### Supplied material
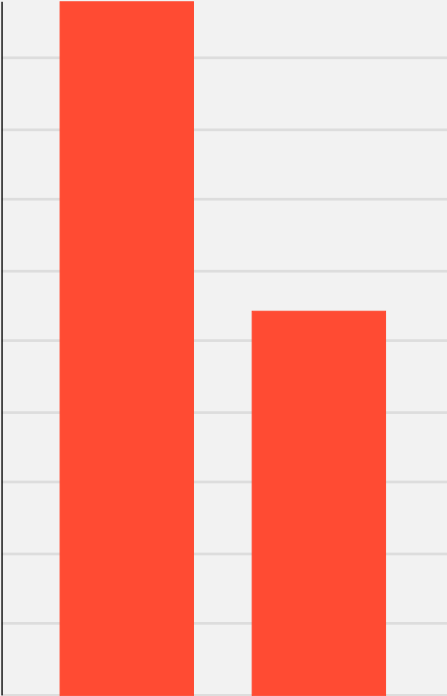

Category: Transport

Transport has an emission of 7625,8

Transport

36,2% of total

7,6 t. CO2e

- Benizn bil 4.9 t
- Diesel bil 2.7 t
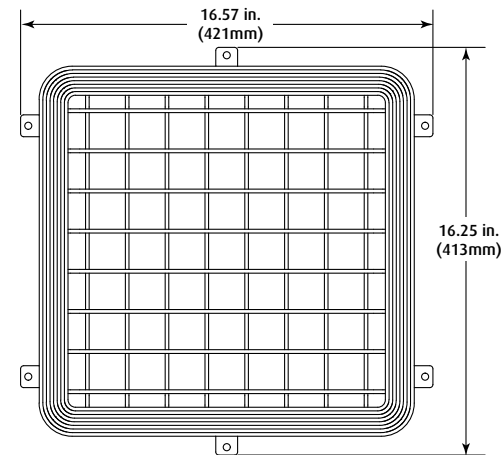

EXTERNAL DIMENSIONS

INTERNAL DIMENSIONS

INSTALLATION INSTRUCTIONS

1. Center and place wire guard over device or product to be protected and mark all 6 hole locations with pencil or marker.
2. Drill all 6 holes using 1/4" diameter drill 1-1/2" deep.
3. Insert anchors into drilled holes.
4. Place wire guard in position, insert screws and tighten.
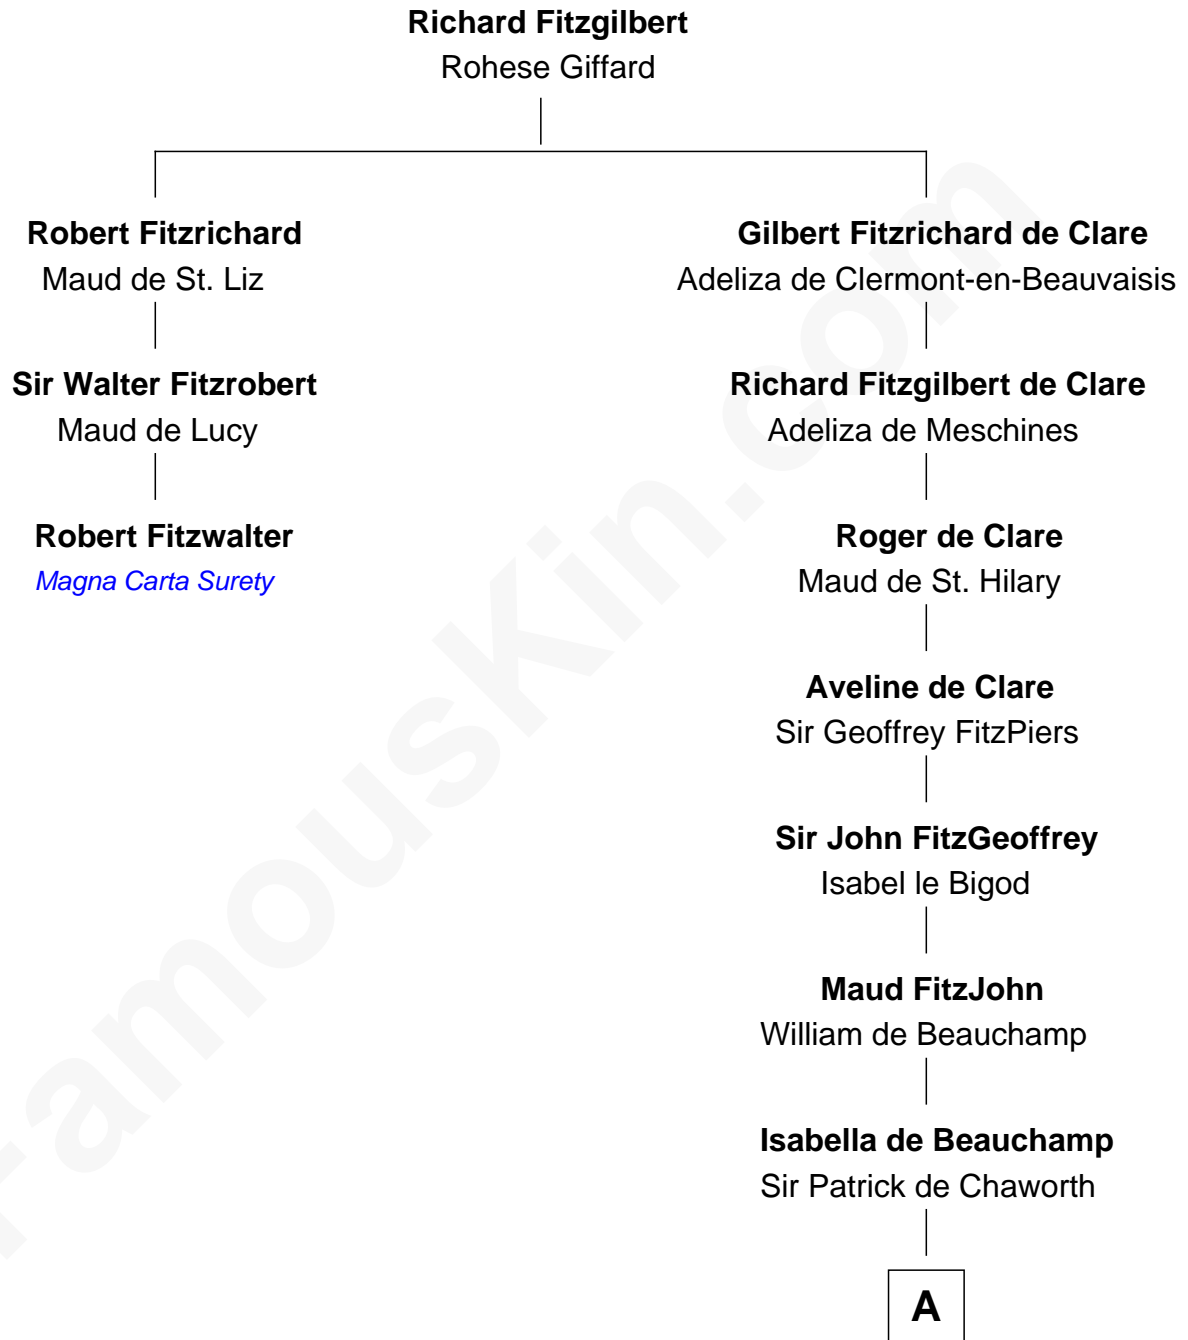

FamousKin.com Relationship Chart of

Robert Fitzwalter

Magna Carta Surety

2nd cousin 17 times removed of

Alexander Spotswood

Lieutenant Governor of Virginia

A

Maud de Chaworth

Henry Plantagenet

Eleanor Plantagenet

Richard Fitzalan

Alice Fitzalan

Sir Thomas de Holand

Margaret de Holand

Sir John Beaufort

Joan Beaufort
######
> _Work order_
Set down exactly and only the lines from the line that contains "36,2% of total" through the last line of the entries above, with both of those lines included and the pictures left out.

> _Solution to the problem_
36,2% of total

7,6 t. CO2e

- Benizn bil 4.9 t
- Diesel bil 2.7 t

EXTERNAL DIMENSIONS

INTERNAL DIMENSIONS

INSTALLATION INSTRUCTIONS

1. Center and place wire guard over device or product to be protected and mark all 6 hole locations with pencil or marker.
2. Drill all 6 holes using 1/4" diameter drill 1-1/2" deep.
3. Insert anchors into drilled holes.
4. Place wire guard in position, insert screws and tighten.

FamousKin.com Relationship Chart of

Robert Fitzwalter

Magna Carta Surety

2nd cousin 17 times removed of

Alexander Spotswood

Lieutenant Governor of Virginia

A

Maud de Chaworth

Henry Plantagenet

Eleanor Plantagenet

Richard Fitzalan

Alice Fitzalan

Sir Thomas de Holand

Margaret de Holand

Sir John Beaufort

Joan Beaufort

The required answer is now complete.